Exercise goal
Whenever a line carries the word "ABCMetalRoofing", pull it out of the entries.

Records from a data collection:
--- START ---
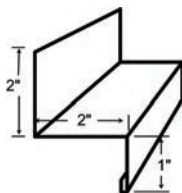

**LG 110** BASE TRIM\*

**LG 111** SQUARE BASE ANGLE\*

**LG 113** CORNER TRIM

**LG 115** INSIDE CORNER

**LG 117** RAKE TRIM

**LG 118** DENVER GABLE

**LG 119** EAVE FLASHING

**LG 120** DENVER EAVE TRIM

**LG 123** "J" CHANNEL

**LG 125** 9/16\"

**LG 126** DOOR POST TRIM\*

**LG 129** WINDOW DRIP CAP\*

**LG 130** SLIDING DOOR DRIP CAP

**LG 131** NATIONAL DOOR TRACK COVER

**LG 132** COMBO TRACK COVER

**LG 133** TOP MOUNT TRACK COVER

**LG 134** TRACK DOOR JAMB TRIM

**LG 138 / LG 139** "W" FORMED VALLEY\*

**LG 147** F&J SOFFIT

**LG 148** "F" CHANNEL

\*Refer to the 29-gauge product manual for variable trim dimensions.

**ABCMetalRoofing.com**  
**shop.ABCMetalRoofing.com**  
**877.780.2119**
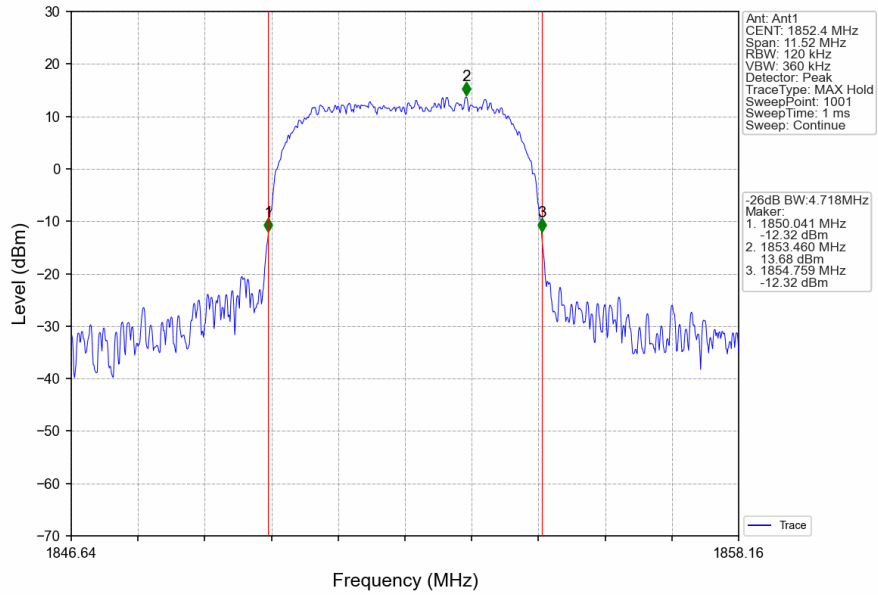

## 1.2.2 Test Graph

Band2\_RMC\_HCH\_1907.6MHz\_12.2kbps RMC\_NTNV

Band2\_HSDPA\_LCH\_1852.4MHz\_Subtest 1\_NTNV

Band2\_HSDPA\_MCH\_1880MHz\_Subtest 1\_NTNV

Band2\_HSDPA\_HCH\_1907.6MHz\_Subtest 1\_NTNV

Band2\_HSUPA\_LCH\_1852.4MHz\_Subtest 1\_NTNV

## 2. 99% & 26dB Bandwidth
--- END ---
Task response
**ABCMetalRoofing.com**  
**shop.ABCMetalRoofing.com**  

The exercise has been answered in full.